Adverse effects include diarrhea, headache, excessive sweating, dry mouth, elevated aminotransferase, abdominal pain, and yellowing of urine. Tor
Tolcapone has the potential to cause hepatic impairment and should be monitored closely, especially during the first 3 months of use.
II. Principles of drug therapy for Parkinson’s disease
1. Protective therapy: In principle, Parkinson’s disease should be treated with protective therapy as soon as it is diagnosed in order to slow down the progression of the disease and improve the patient’s symptoms. It has been reported that treatment with Silegiline + vitamin E can delay the disease progression for about 9 months and postpone the use of levodopa, but further confirmation is needed.
2.Symptomatic treatment
Early Parkinson’s disease treatment (Hoehn-Yahr l-2 level)

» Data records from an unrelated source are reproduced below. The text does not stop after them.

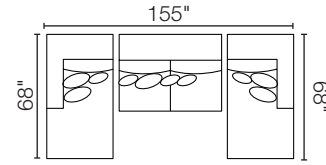

Sofa
4331-03
97"w x 46"d x 37"h

Apartment Sofa
4331-73
87"w x 46"d x 37"h

Chair
4331-01
44"w x 46"d x 37"h

Ottoman
4331-06
36"w x 25"d x 19"h

Opposite configurations are available for all group settings.

THE SONATA COLLECTION

Configuration Favorites:

2-PC CHAISE SECTIONAL

9555-15, -20

Opposite Configuration Available

2-PC STUDIO SECTIONAL

9555-21, -18

Opposite Configuration Available

3-PC DUAL CHAISE SECTIONAL

9555-15, -22, -16

3-PC THEATRE SECTIONAL

9555-15, -22, -18

Opposite Configuration Available

3-PC SECTIONAL

SET-9555-3PC

9555-21, -08, -20

4-PC GATHERING SECTIONAL

36\"w x 25\"d x 19\"h

(1) When to start medication: When the disease is mild in the early stage and has no obvious effect on daily life or work yet, medication can be suspended, and patients should be encouraged to insist on work and participate in social activities, and psychological guidance and functional exercise can be carried out. If the disease affects the patient’s daily life or ability to work, or if the patient requires early control of symptoms, symptomatic treatment should be started.
(2) Preferred drug principle.
Patients in early old age (<65 years) without mental retardation may choose.

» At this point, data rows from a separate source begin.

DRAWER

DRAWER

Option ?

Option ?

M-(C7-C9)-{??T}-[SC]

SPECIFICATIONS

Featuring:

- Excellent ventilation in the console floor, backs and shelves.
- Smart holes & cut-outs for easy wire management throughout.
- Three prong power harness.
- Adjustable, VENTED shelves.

(i) non-ergot dopamine receptor (dr) agonists.
(ii) mao-b inhibitors.
③amantadine, or anticholinergics if tremor is significant and other anti-pd drugs are ineffective.
(iv) Compound levodopa + catechol-oxygen-position-methyltransferase (comt) inhibitors.

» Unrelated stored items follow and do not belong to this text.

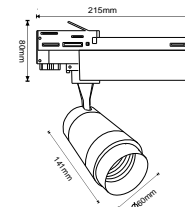

Tracklights-Smart Color Changing

15w VT-7715-B

SKU: 1457 - 3 IN 1 3800157637916

Sensor Compatible:	
Voltage/Frequency:	AC:220-240V,50/60Hz
Luminous Flux:	500
LED Type:	COB
CRI:	>80
PF:	>0.5

CCT AND DIMMING
VIA SMART PHONE APP

CCT Adjustable
2800K/4000K/6000K

⑤ compounded levodopa; generally added when ①, ② and ③ regimens are not effective. However, if the work requires significant improvement of motor symptoms or cognitive impairment, regimens ④ or ⑤ may be preferred, or regimens ①, ② or ③ may be used in small doses in combination with a small dose of levodopa.
Patients ≥65 years of age or with mental retardation: compound levodopa is preferred, and DR agonists, MAO-B or COMT inhibitors can be added if necessary. Benzedrine has a high number of side effects and should not be used if possible, especially in elderly male patients, except when there is severe tremor that significantly affects the patient’s ability to perform activities of daily living and is ineffective with other drugs.
Mid-stage Parkinson’s disease treatment (Hoehn-Yahr class III)
Patients who are treated with DR agonists, MAO-B inhibitors or amantadine/anticholinergic drugs in the early stage should be treated with the addition of levodopa in the middle stage when the original drugs cannot control the symptoms well; patients who are treated with low-dose levodopa in the early stage should be treated with a higher dose or the addition of DR agonists, MAO-B inhibitors, amantadine, or anti-cholinergic drugs in the middle stage when the symptoms are not well controlled. -B inhibitors, amantadine, or COMT inhibitors.
Treatment of advanced Parkinson’s disease (Hoehn-Yahr class IV-V)
Patients with advanced Parkinson’s disease have complex clinical manifestations and more difficult therapeutic management due to the progression of the disease itself and the emergence of motor complications. Therefore, early treatment countermeasures are particularly important. A reasonable treatment plan should be formulated at the beginning of treatment, taking into account the actual situation of the patient, in order to delay the appearance of motor complications as much as possible and extend the time window for effective treatment of patients. The treatment of late stage patients should continue to improve motor symptoms, but also deal with some concomitant motor and non-motor complications.